Undeterred the partners bounced lightly past the wisteria and down, nicely in step, into the garden. Political Jedwards they wore different coloured ties so the ignorant could tell them apart. Mr Cameron was marginally the taller, but Mr Clegg, a Tory pundit cursed, looked more at ease, handsomer and distinctly less chubby. Drat.

This may have been a shotgun wedding but the couple were determined to convince us that they really have now fallen in love. The body language was carefully co-ordinated. So too was the joshing – about past gaffes and future by-elections. The sense of double-act was so overwhelming that hacks all around were reaching for comedy comparisons: TweedleCam and TweedleClegg, Fry and Laurie, Morecombe and Wise (though they looked like a couple of Erns).

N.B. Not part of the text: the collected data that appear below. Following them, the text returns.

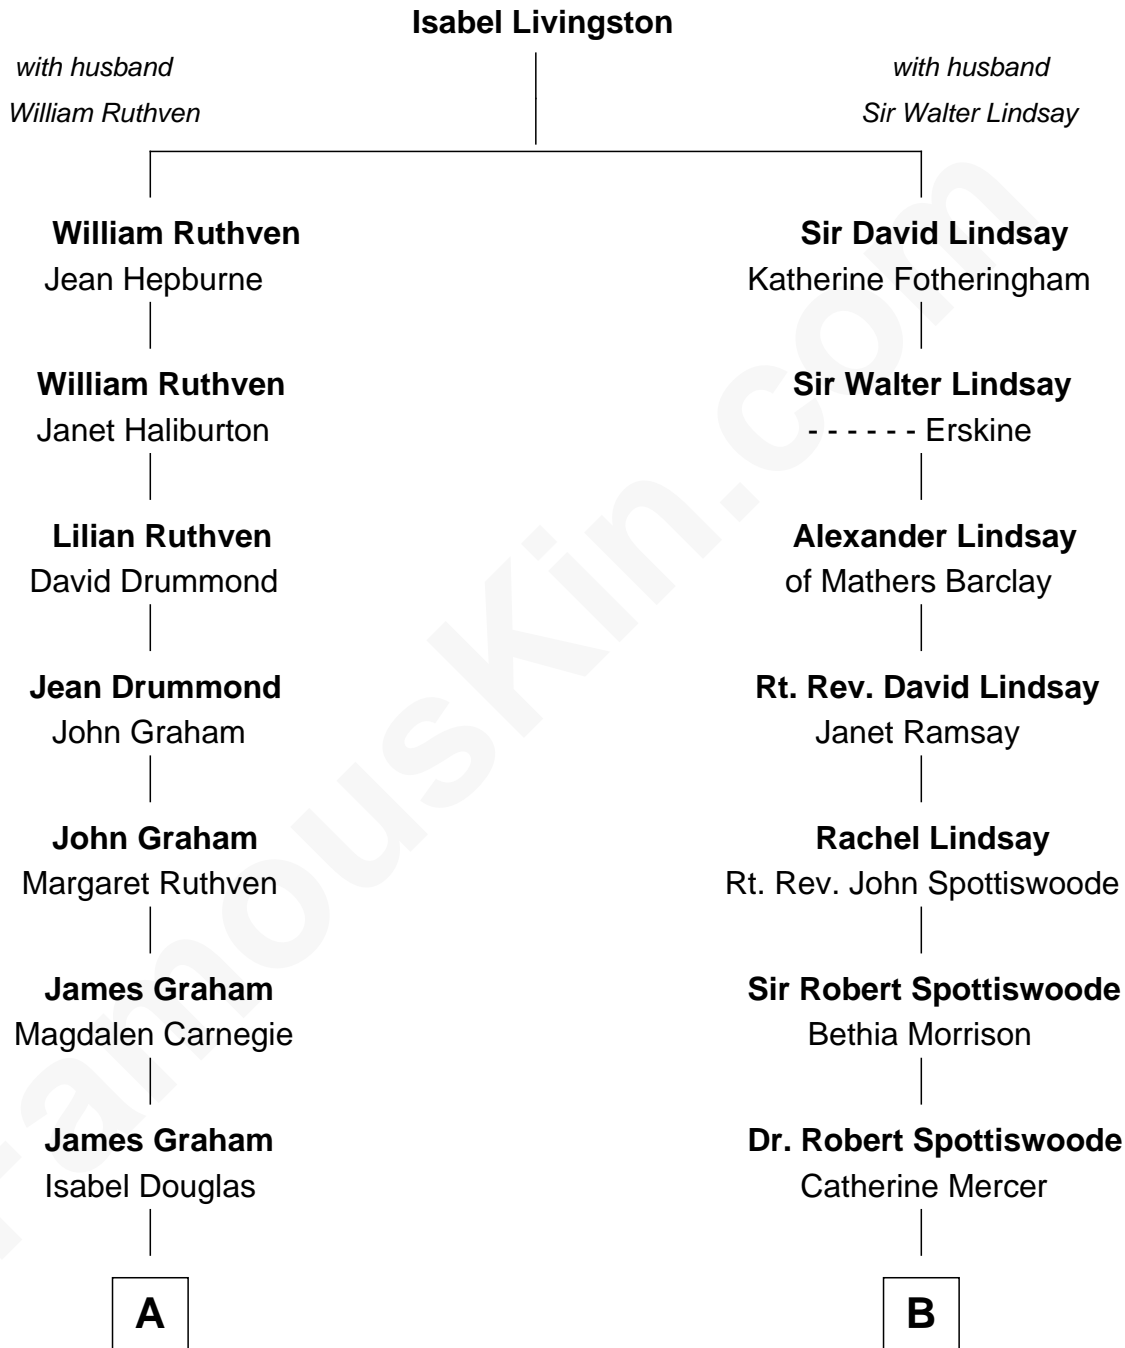

FamousKin.com

Relationship Chart of

Howard Dean

79th Governor of Vermont

11th cousin 5 times removed of

General Robert E. Lee

Confederate Army - U.S. Civil War

A

Anne Graham
Alexander Livingston

Mary Livingston
James Graham

Elizabeth Graham
William Macdowall

James Macdowall
Margaret Jamieson

Isabella Graham Macdowall
Thomas Maitland

James William Maitland
Agnes Jane O'Reilly

Ant and Dec was my favourite, since I can never remember which is which; perhaps they should wear ties too.

They took a few questions, but not too many. This is, after all, a new kind of politics. And then they went back in to their new National Security Council at which Mr Cameron said Mr Clegg would be at his side, though, of course, he, as prime minister, would chair it.

Not long after, over at the House of Commons, David Miliband announced that he would stand for the Labour leadership. The bookies make him 2/7 favourite. But you can get 7/1 on his brother Ed. Back in Downing St things have yet to get that fratricidal.